◆ Data to examine:
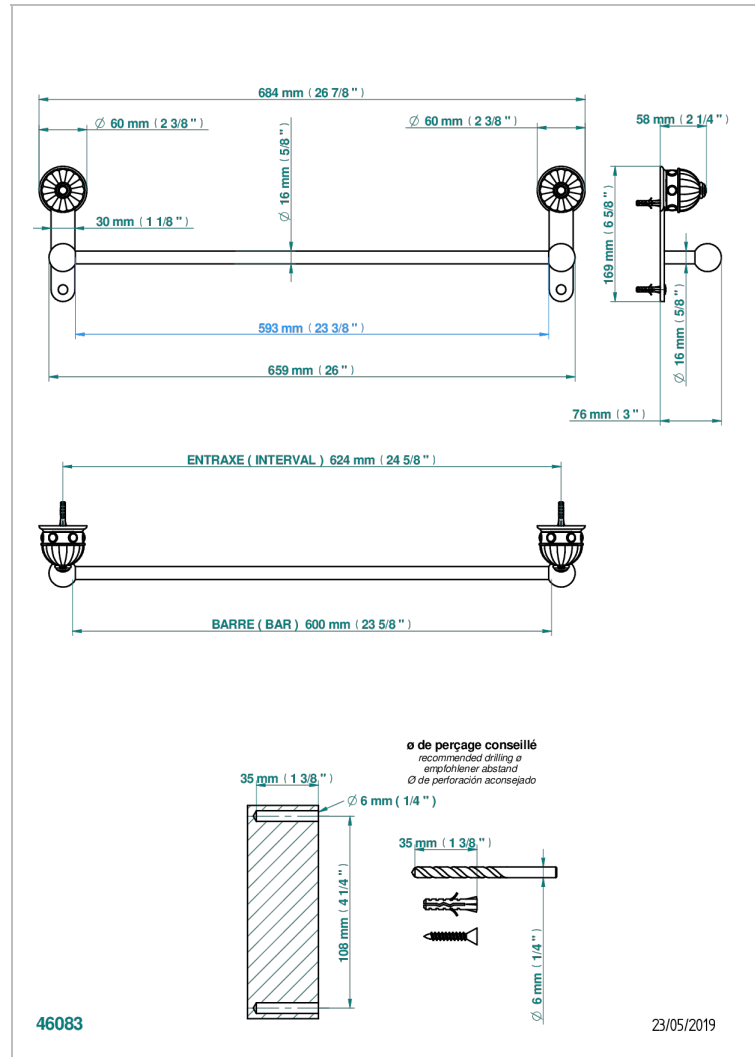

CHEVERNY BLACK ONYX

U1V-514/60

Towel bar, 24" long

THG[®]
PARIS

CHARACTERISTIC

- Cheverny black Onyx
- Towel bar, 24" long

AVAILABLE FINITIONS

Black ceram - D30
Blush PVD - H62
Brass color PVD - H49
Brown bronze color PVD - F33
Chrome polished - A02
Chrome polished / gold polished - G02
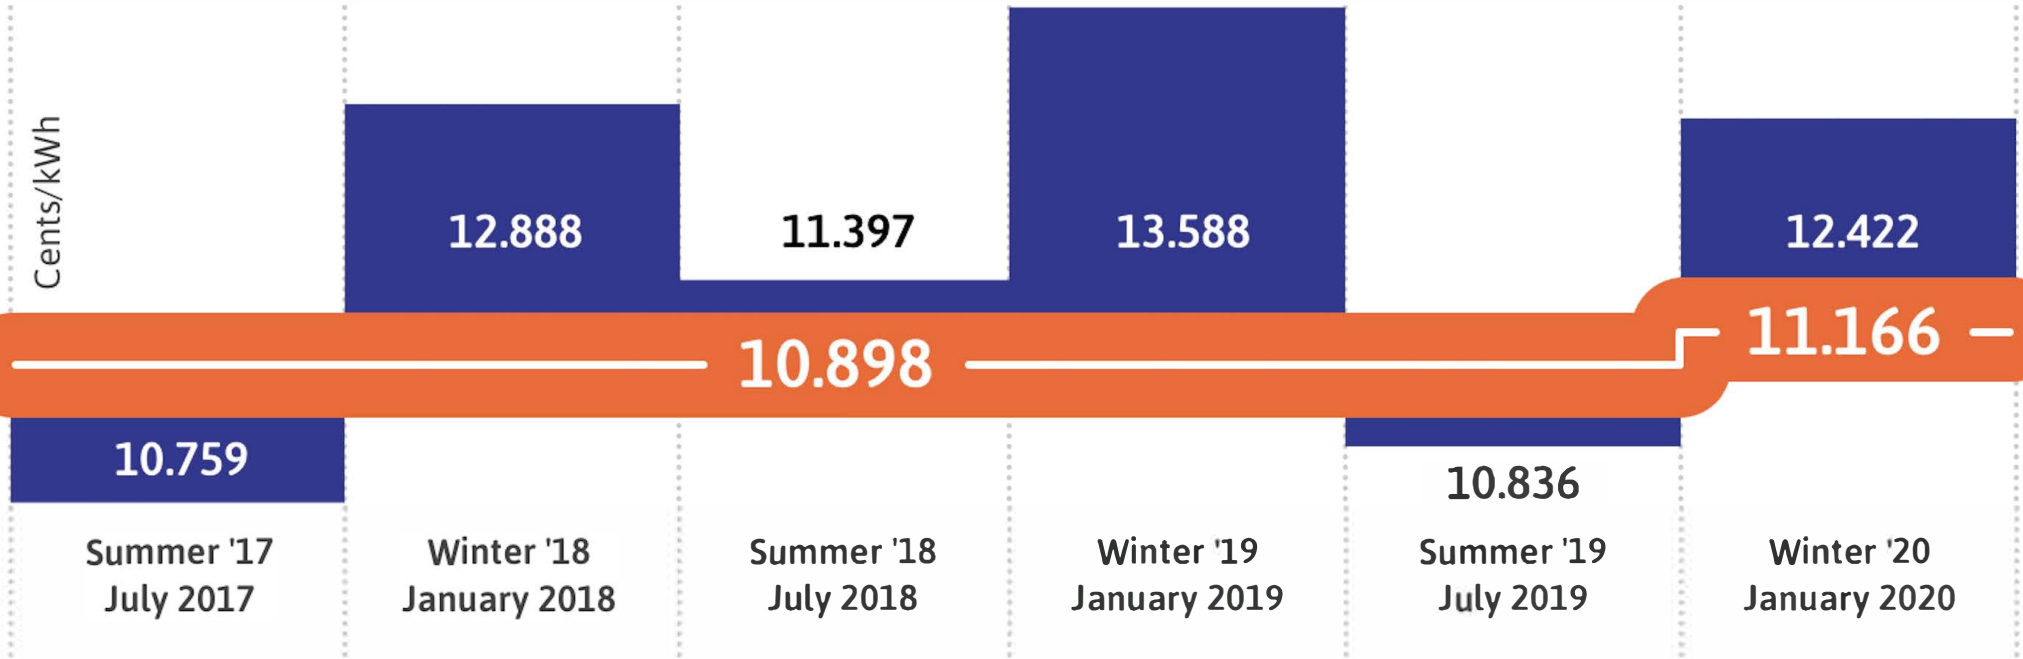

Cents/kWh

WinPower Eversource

◆ Exercise requirements: Work through the data above and give the number of lines in which "Chrome" appears; add nothing else.

◆ Answer to the problem: 2